What lines below mention the word "equipped"? Copy each one.

(Collected data)
###

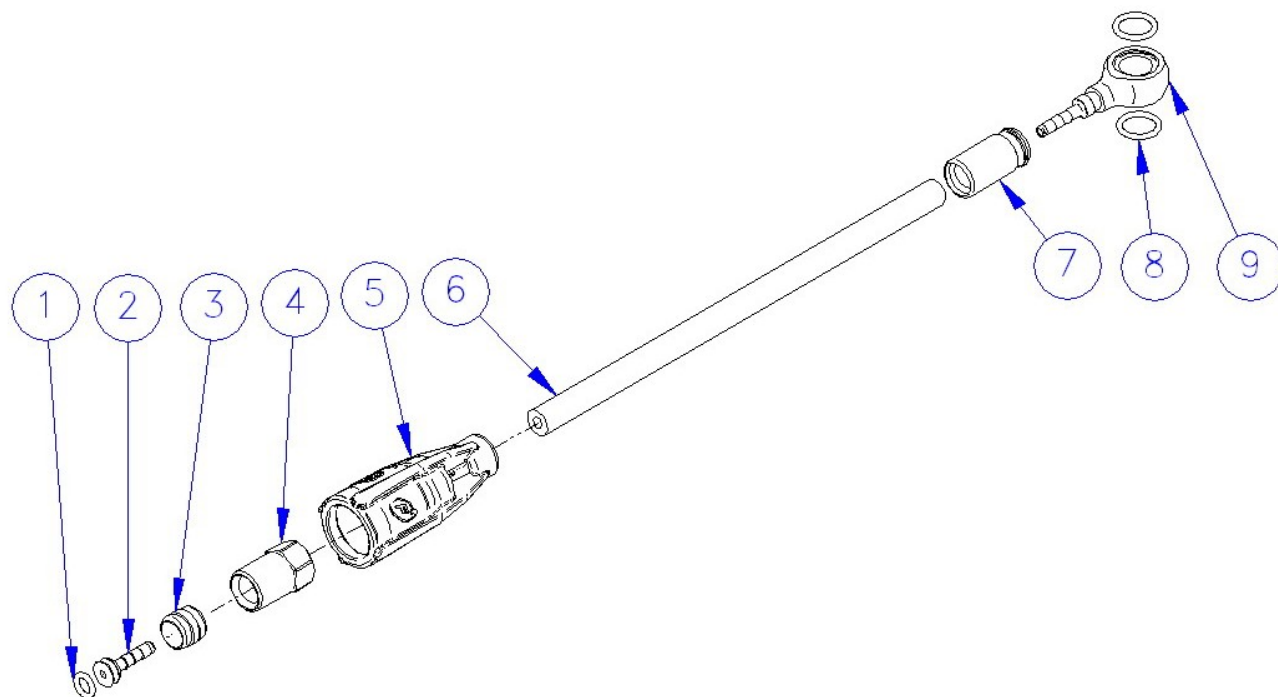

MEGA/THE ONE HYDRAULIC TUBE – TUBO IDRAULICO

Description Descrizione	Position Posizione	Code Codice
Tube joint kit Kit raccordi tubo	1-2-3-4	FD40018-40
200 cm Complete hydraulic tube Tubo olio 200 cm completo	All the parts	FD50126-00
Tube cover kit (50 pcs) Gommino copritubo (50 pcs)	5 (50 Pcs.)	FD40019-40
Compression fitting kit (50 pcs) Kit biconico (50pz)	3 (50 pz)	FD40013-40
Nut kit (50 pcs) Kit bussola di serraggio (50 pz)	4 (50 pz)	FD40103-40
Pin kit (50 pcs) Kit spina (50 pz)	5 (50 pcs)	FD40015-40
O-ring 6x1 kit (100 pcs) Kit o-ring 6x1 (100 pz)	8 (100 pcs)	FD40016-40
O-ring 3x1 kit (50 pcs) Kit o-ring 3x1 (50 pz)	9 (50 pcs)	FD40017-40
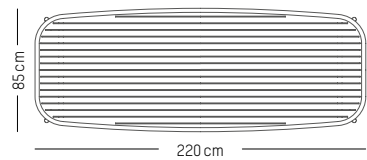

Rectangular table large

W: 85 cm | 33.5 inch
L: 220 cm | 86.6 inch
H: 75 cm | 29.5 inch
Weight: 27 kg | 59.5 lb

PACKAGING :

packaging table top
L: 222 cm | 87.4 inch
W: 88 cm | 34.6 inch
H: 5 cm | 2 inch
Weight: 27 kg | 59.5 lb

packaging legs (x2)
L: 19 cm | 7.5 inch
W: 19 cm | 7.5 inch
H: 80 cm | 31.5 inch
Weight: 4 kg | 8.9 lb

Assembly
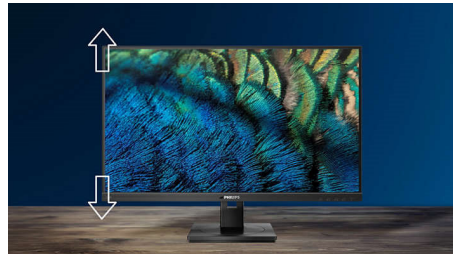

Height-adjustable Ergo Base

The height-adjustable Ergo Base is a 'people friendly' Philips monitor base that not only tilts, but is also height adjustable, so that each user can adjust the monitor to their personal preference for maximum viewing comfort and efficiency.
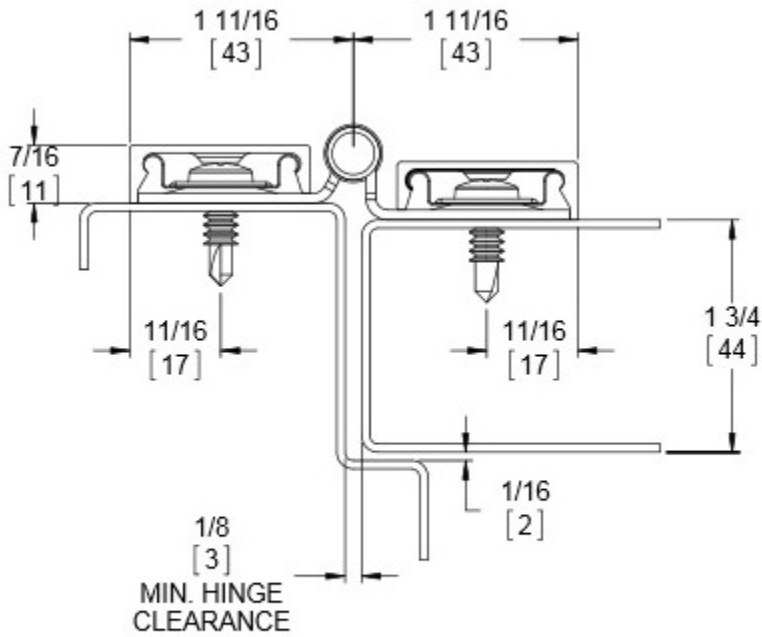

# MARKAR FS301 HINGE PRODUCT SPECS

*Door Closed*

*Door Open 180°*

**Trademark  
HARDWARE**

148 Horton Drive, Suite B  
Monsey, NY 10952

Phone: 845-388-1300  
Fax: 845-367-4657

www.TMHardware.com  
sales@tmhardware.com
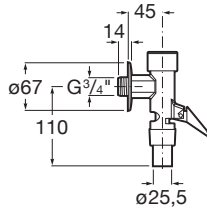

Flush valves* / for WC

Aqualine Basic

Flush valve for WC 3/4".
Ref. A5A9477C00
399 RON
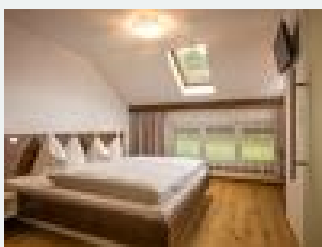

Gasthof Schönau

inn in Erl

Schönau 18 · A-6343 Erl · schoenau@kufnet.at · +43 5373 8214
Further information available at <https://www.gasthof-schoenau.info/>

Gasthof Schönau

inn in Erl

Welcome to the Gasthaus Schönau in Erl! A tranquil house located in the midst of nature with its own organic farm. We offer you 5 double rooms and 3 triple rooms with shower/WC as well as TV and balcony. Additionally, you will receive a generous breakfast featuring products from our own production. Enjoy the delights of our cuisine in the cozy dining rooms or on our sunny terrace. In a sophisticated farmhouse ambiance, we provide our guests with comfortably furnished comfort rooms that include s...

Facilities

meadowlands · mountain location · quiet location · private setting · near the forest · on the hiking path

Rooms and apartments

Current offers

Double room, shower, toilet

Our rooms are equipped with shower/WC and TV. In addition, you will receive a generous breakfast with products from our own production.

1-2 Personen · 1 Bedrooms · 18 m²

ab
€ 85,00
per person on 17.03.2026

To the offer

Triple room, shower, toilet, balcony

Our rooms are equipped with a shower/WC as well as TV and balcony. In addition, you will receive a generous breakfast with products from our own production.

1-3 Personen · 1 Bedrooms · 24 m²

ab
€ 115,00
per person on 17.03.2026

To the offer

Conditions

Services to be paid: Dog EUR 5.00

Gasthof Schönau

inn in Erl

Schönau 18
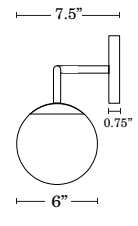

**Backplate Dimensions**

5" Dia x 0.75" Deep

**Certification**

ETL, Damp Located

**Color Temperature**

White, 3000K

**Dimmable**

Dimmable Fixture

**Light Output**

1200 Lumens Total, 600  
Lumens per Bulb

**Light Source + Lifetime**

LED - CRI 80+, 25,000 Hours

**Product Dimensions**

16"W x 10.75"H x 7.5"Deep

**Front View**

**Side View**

###

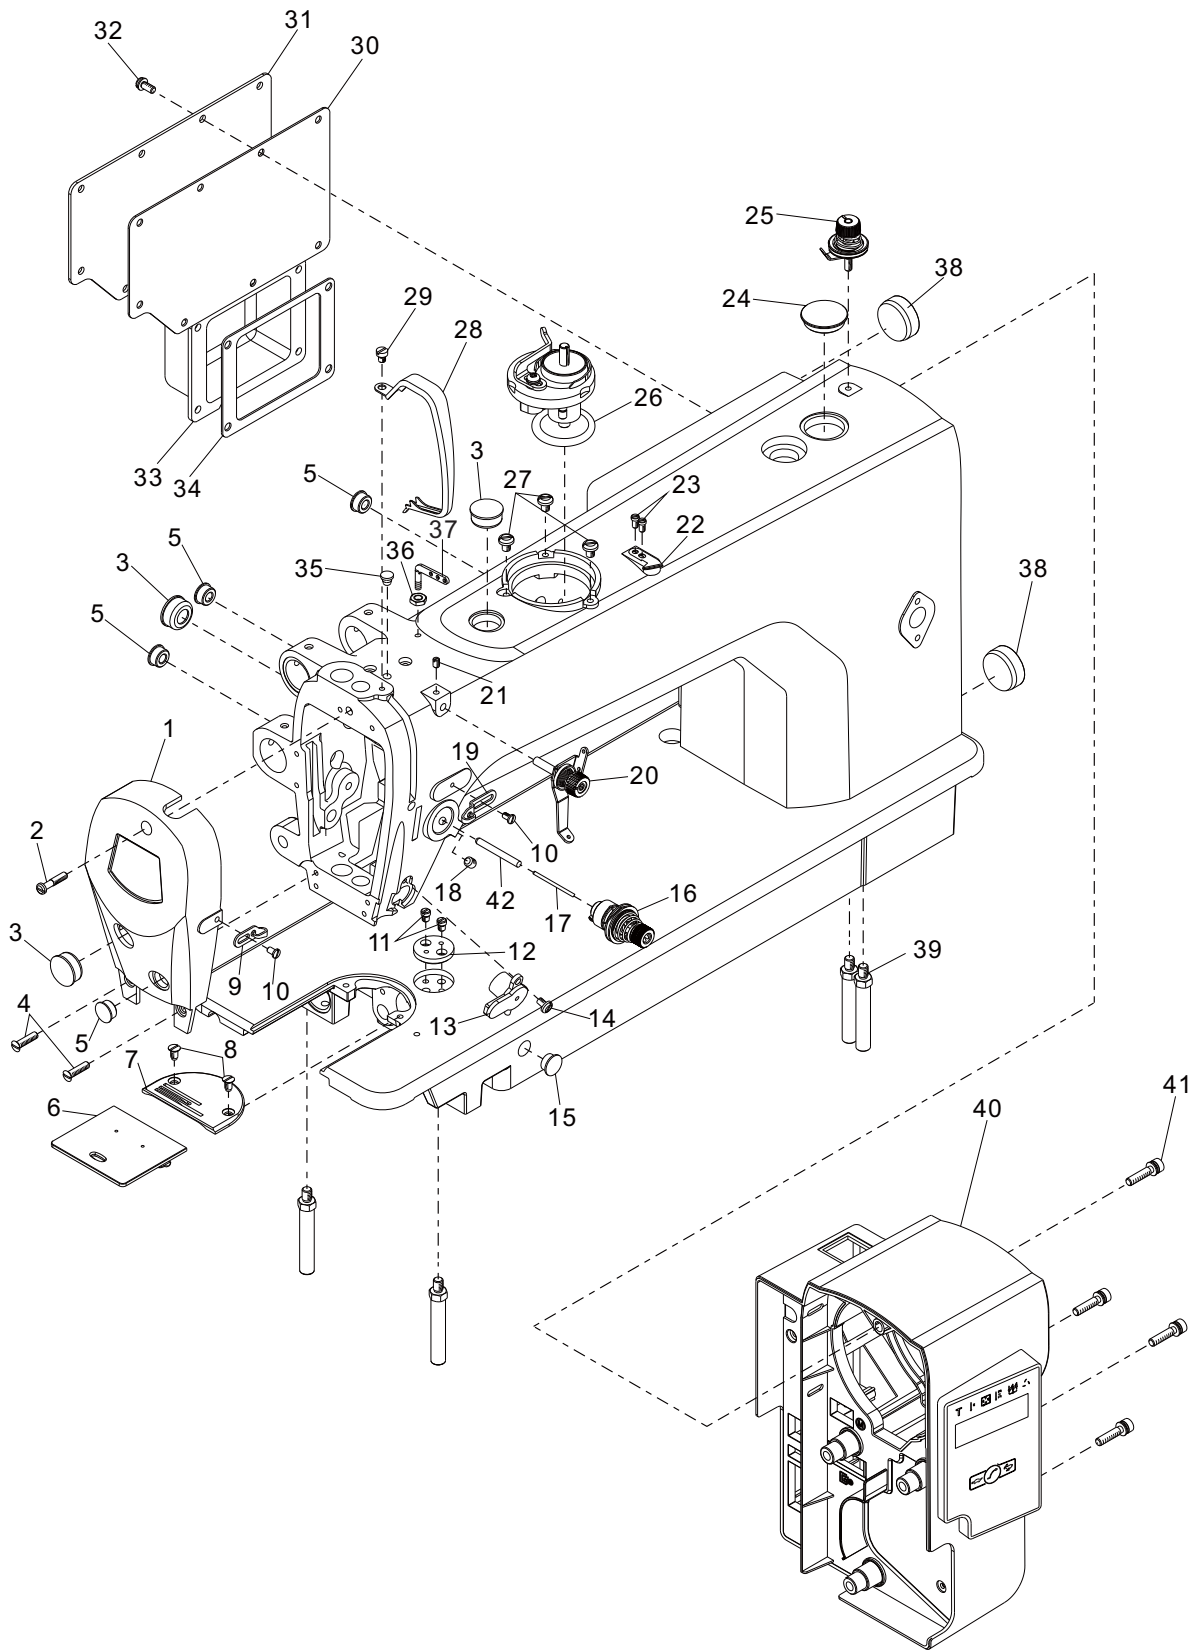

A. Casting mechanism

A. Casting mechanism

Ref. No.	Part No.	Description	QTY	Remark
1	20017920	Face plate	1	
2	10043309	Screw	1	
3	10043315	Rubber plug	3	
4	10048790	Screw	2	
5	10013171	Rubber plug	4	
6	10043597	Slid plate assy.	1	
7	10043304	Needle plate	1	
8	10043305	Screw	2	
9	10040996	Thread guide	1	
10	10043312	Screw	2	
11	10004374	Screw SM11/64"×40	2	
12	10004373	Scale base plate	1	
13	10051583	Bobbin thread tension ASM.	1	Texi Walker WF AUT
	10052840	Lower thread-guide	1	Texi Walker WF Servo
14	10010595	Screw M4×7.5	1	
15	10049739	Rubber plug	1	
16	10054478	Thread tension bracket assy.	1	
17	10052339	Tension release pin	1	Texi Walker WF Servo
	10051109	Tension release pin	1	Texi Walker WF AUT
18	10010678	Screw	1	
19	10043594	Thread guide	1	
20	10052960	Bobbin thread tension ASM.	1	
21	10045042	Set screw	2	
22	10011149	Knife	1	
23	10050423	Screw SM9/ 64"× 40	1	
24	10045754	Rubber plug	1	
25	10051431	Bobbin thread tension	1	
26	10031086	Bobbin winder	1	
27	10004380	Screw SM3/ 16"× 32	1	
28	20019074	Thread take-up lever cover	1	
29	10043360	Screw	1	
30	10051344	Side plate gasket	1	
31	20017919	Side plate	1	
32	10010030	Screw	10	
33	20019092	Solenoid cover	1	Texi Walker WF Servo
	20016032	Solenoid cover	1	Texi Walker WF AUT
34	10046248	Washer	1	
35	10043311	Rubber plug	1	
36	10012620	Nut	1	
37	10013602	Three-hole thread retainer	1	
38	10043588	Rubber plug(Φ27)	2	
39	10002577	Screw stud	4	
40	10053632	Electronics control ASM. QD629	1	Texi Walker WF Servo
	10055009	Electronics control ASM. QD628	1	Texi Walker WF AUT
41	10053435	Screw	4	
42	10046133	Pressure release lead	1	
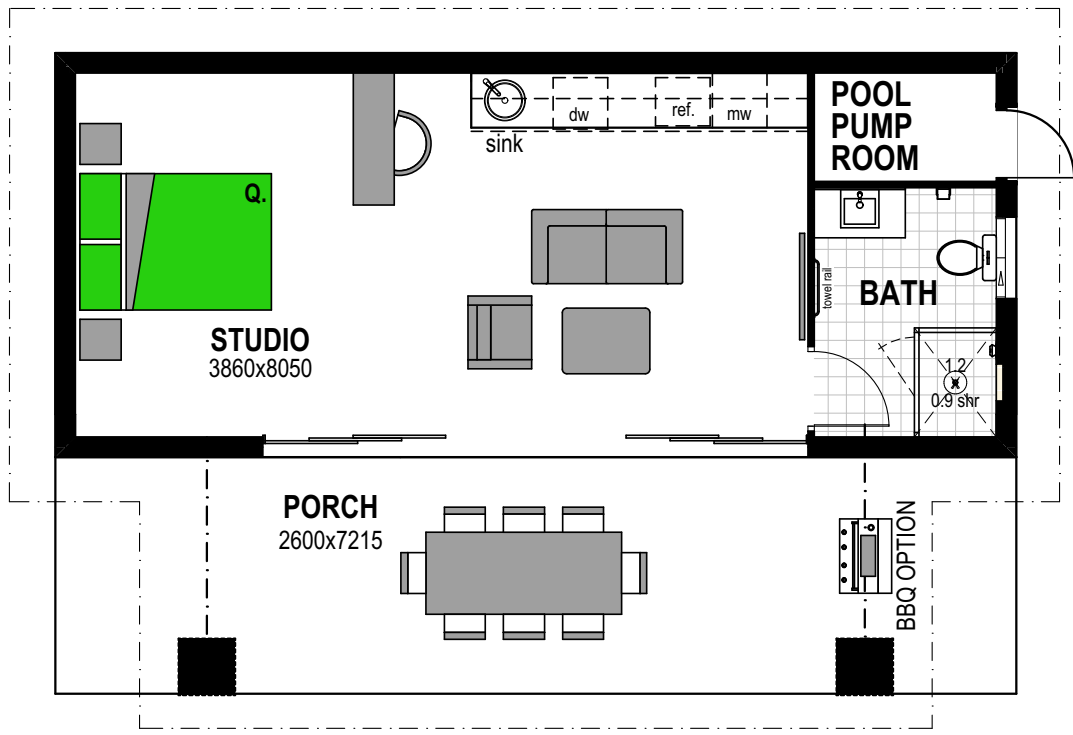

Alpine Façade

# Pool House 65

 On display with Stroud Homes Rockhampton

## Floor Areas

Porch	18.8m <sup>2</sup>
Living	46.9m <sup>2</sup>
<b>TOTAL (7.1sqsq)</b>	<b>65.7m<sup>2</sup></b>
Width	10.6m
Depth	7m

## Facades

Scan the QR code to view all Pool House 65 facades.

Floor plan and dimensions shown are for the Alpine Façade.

###

Output of the task:
Our rooms are equipped with shower/WC and TV. In addition, you will receive a generous breakfast with products from our own production.
Our rooms are equipped with a shower/WC as well as TV and balcony. In addition, you will receive a generous breakfast with products from our own production.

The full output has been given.